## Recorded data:
--------

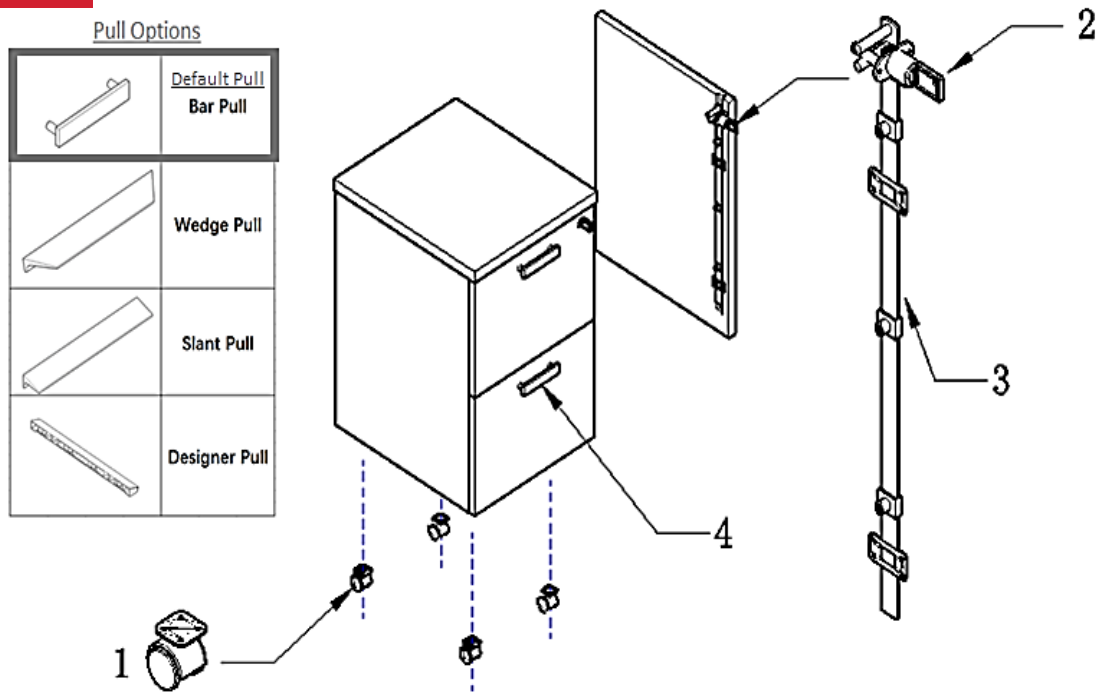

No.	Part Number	Description	Finish Selection	List
1	CASTER.PED-GREY	Casters for Mobile Peds (Set of 4) Grey	NO	$109
1	CASTER.PED-WHITE	Casters for Mobile Peds (Set of 4) White	NO	$151
2	LOCK	Lock Core, Keyed Alike	NO	$24
2.2	LOCK2	Lock Core, Keyed Separately	NO	$24
2.3	MKEY	Master Key	NO	$24
2.4	CKEY	Change Key (Control Key)	NO	$24
3	PEDSQCL-BBF	Lockbar with CORE	NO	$41
4	PEDPULL-10	Bar Pull	NO	$15
	WEDGE-PULL-167	WEDGE PULL - FOR PED	NO	$43
	SLANT-PULL-167	SLANT PULL - FOR PED	NO	$36
	DESIGNER-PULL-250- RED/Green/Grey	Designer Pull	NO	$30
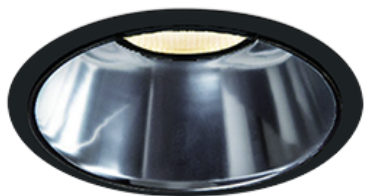

Item no. DD068-5550DB8535D-AS

Series Name: Asymmetric

With Dark Mirror Reflector

Installation	Recessed mount
Type	
Fixture wattage	55W
Beam angle	85 x 65 deg.
Color Temp.	3500K
CRI	Ra>85
Luminous	4039 lm
Body	Die-cast aluminum alloy
Body finish	N/A
Trim finish	Black
Reflector finish	Dark Mirror
IP Rate	IP20
Light source	COB module
Input Voltage	AC220~240V
Dimming Type	Non-Dimmable
Certificate	CE, CCC
Cut Hole	150mm

Height (Weight)	Wide flood
78.7W	177 (1.4kg)
58.5W	177 (1.4kg)
55.0W	177 (1.4kg)
42.8W	157 (1.1kg)
36.0W	157 (1.1kg)
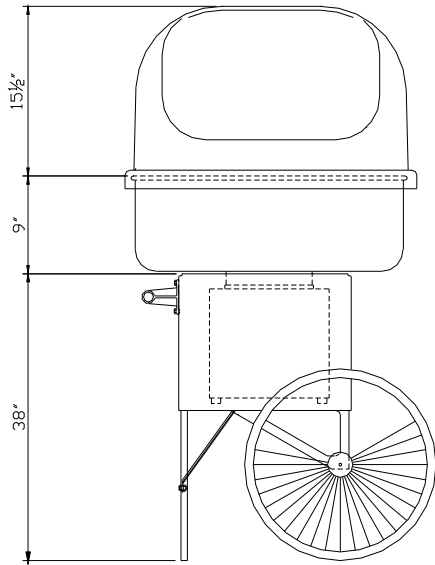

Model 3149 Pinki Floss Cart

Features:

- Powder Coated Pink, Welded Steel Cart
- Shown with Model 3943 Double Bubble PETG Guard
- Graphics are "COTTON CANDY" (Candy Floss Shown)

Gold Medal Products Co.

10700 Medallion Drive
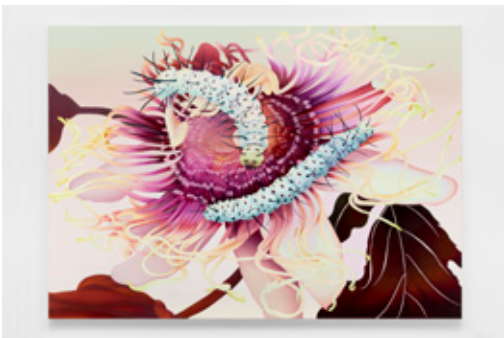

MARIA NOLLA MATEOS
Lock'd, 2023

Rope, cotton fabric, iron

100 x 120 cm
39,37 x 47,24 in

MARIA NOLLA MATEOS
Prone to disease, 2023

Rope, cotton fabric, iron and
wood

Variable dimensions

MELANIE LOUREIRO
Tickled by Sensory Hairs, 2022-
2023

Oil on linen

200 x 250 cm
78,74 x 98,42 in

MELANIE LOUREIRO
Incorporate Leaves or Mud for
Your Disguise, 2023

Oil and acrylic on linen

200 x 160 cm
78,74 x 63 in

MELANIE LOUREIRO
Wing Hearts, 2023

Oil and acrylic on linen

180 x 220 cm
70,86 x 86,61 in

MELANIE LOUREIRO
Imprints of Self Defence, 2023

Oil and acrylic on linen

200 x 160 cm
78,74 x 63 in

MARIA NOLLA MATEOS
An inch away, 2023

Video on loop
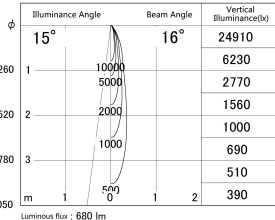

Item no. DD161-0815MW9040

Series Name: AMMA Φ80 series Lens type adjustable Antiglare (DD161-AG)

■ Lighting Distribution Curve (cd/1000 lm)

Installation	Recessed mount
Type	High-efficiency antiglare type adjustable downlight
Fixture wattage	7.5W
Beam angle	16deg
Color Temp.	4000K
CRI	Ra>90
Luminous	680 lm
Body	Die-castaluminumalloy
Body finish	N/A
Trim finish	White
Reflector finish	Mirror
IP Rate	IP20
Light source	COB module
Input Voltage	AC220~240V
Dimming Type	Non-Dimmable
Certificate	CE,CCC
Cut Hole	80mm
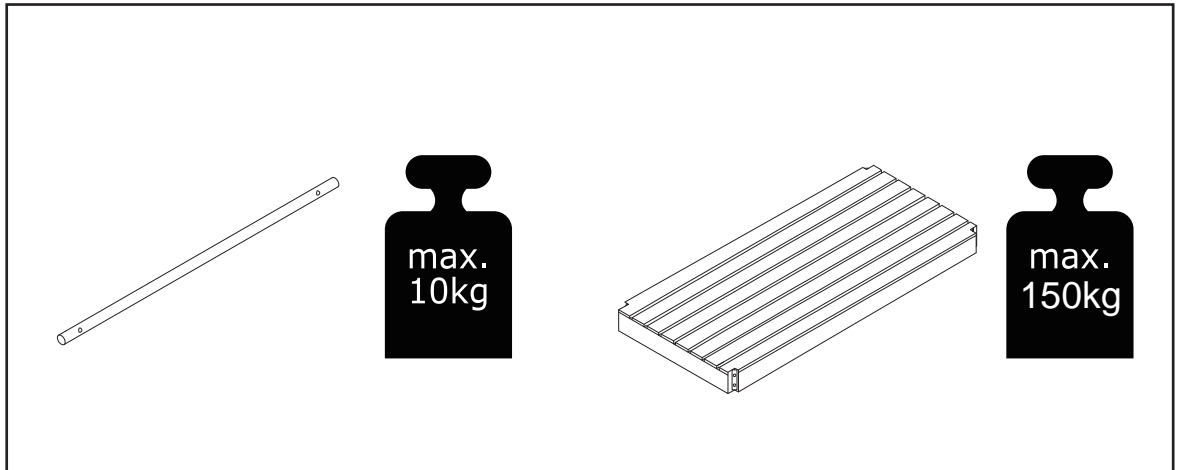

Abano Bench Natural

1409080

Ax8

M6x50mm

Bx2

M4x12mm

Cx8

M17x1mm

M4

① x2

② x1

③ x1

1

① x2

② x1

Bx2
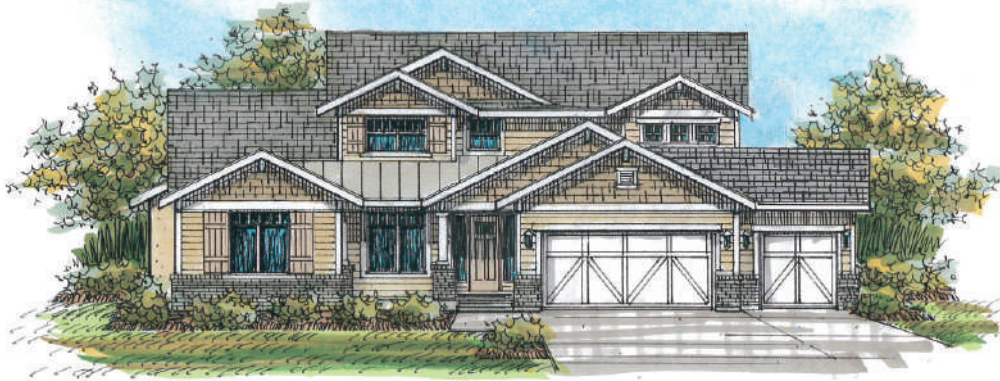

Farmhouse

Craftsman

Prairie

Stonehaven

# Stonehaven

Total Sq. Ft. 5,719

Finished Sq. Ft. 3,269

Bedrooms: 5/6

Bathrooms: 4.5

MAIN FLOOR | 2,304 SQ. FT.

UPPER FLOOR | 965 SQ. FT.

BASEMENT FLOOR | 2,450 SQ. FT.

## Plan FEATURES

- Stunning Two-Story Entry And Great Room
- Open Kitchen/Great Room For Family Gatherings
- Awesome Master Suite W/Door To Deck
- 3 Large Bedrooms Upstairs
- Upstairs Loft Open To Great Room And Entry Below
- Covered Patio
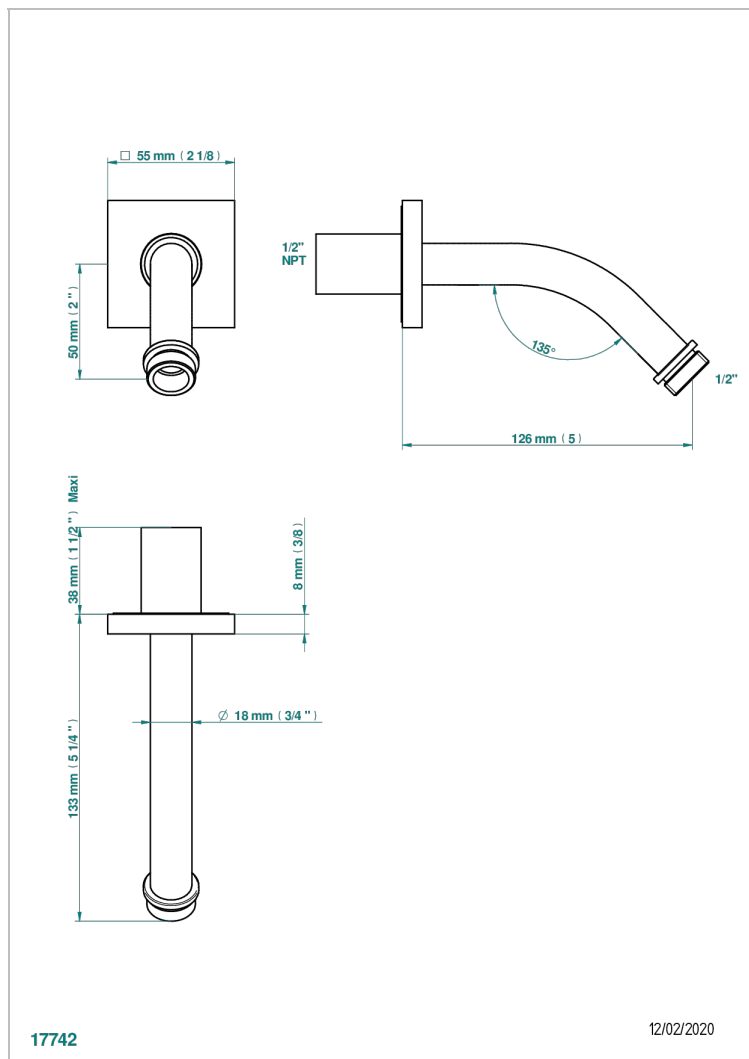

ICON-X WITH LEVER HANDLES

U7H-82/US

Horizontal shower arm, 45°, lg: 4" 3/4

THG[®]
PARIS

CHARACTERISTIC

- Icon-x with lever handles
- Horizontal shower arm, 45°, lg: 4" 3/4

AVAILABLE FINITIONS

Blush PVD - H62
Brass color PVD - H49
Brown bronze color PVD - F33
Chrome polished - A02
Gold color PVD - H52
Gold mat - F07

Nickel color PVD - H55
Nickel polished - B01
Soft gold - F30
Soft matt gold - F31
Umber PVD - H66
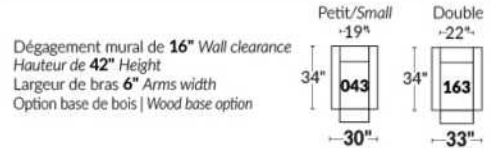

FAUTEUIL BERÇANT PIVOTANT INCLINABLE SWIVEL ROCKING MOTION CHAIR
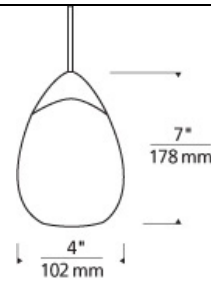

### WEIGHT

3.08lb / 1.4kg ±

brown

smoke

steel blue

white

smoke

--------

## TASK INSTRUCTIONS:
Give again the stretch of the entries above that begins at the line with "MAIN FLOOR | 2,304 SQ. FT." and ends at the line with "AVAILABLE FINITIONS", word for word, with no pictures.

## YOUR RESPONSE:
MAIN FLOOR | 2,304 SQ. FT.

UPPER FLOOR | 965 SQ. FT.

BASEMENT FLOOR | 2,450 SQ. FT.

## Plan FEATURES

- Stunning Two-Story Entry And Great Room
- Open Kitchen/Great Room For Family Gatherings
- Awesome Master Suite W/Door To Deck
- 3 Large Bedrooms Upstairs
- Upstairs Loft Open To Great Room And Entry Below
- Covered Patio

ICON-X WITH LEVER HANDLES

U7H-82/US

Horizontal shower arm, 45°, lg: 4" 3/4

THG[®]
PARIS

CHARACTERISTIC

- Icon-x with lever handles
- Horizontal shower arm, 45°, lg: 4" 3/4

AVAILABLE FINITIONS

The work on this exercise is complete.